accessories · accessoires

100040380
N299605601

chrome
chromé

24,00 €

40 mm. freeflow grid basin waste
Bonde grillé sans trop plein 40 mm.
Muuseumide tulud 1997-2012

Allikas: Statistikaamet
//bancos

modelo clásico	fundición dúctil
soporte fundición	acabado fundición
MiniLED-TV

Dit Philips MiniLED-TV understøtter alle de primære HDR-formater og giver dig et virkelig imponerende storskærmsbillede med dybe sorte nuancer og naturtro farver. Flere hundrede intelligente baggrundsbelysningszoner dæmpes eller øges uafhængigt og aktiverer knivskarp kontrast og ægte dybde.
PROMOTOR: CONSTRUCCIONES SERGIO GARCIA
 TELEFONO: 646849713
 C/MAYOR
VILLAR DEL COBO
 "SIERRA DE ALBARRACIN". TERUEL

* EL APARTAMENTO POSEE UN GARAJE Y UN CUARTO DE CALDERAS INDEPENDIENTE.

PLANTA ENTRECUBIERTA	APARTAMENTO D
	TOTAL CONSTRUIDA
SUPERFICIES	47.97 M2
* * *
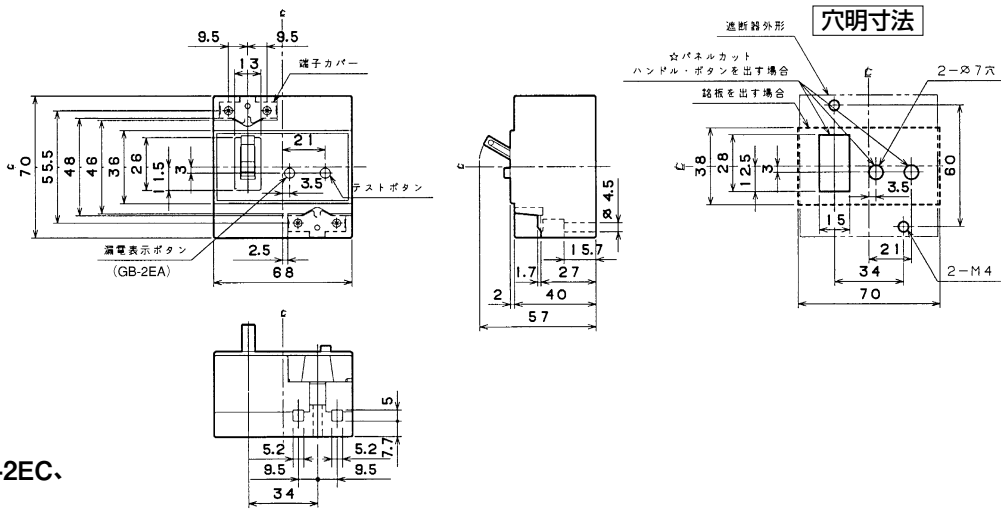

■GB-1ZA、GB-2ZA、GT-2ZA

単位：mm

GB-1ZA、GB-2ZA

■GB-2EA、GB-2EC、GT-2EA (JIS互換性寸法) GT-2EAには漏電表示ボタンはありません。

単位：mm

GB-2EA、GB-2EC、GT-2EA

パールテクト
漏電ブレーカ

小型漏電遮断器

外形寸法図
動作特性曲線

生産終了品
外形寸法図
...
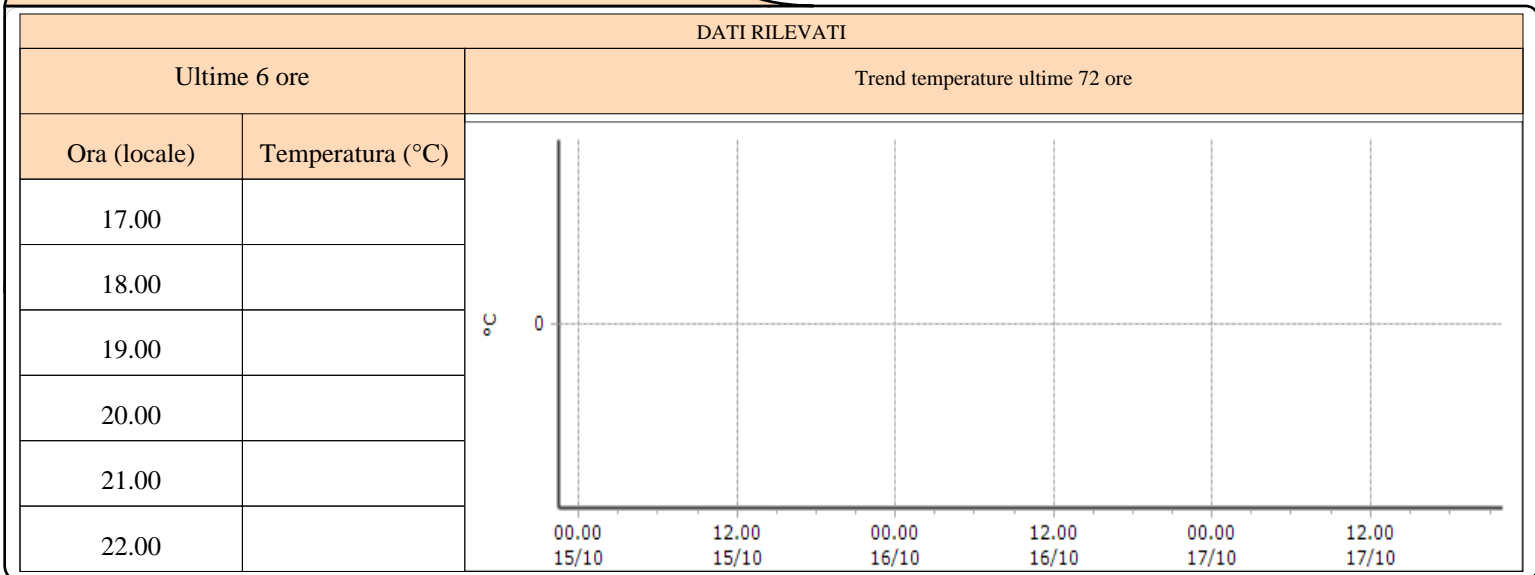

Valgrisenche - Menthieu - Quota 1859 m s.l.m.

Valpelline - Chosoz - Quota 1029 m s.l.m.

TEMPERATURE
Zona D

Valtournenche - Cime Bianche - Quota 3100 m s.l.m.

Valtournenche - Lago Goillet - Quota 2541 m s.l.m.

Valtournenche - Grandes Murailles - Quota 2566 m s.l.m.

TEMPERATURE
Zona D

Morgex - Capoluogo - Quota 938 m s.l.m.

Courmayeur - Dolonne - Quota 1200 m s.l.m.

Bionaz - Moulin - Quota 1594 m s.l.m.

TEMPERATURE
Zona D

# WHAT IS REQUIRED:
Determine which lines above include the word "MiniLED", and report those lines in full.

# WRITTEN REPLY:
MiniLED-TV
Dit Philips MiniLED-TV understøtter alle de primære HDR-formater og giver dig et virkelig imponerende storskærmsbillede med dybe sorte nuancer og naturtro farver. Flere hundrede intelligente baggrundsbelysningszoner dæmpes eller øges uafhængigt og aktiverer knivskarp kontrast og ægte dybde.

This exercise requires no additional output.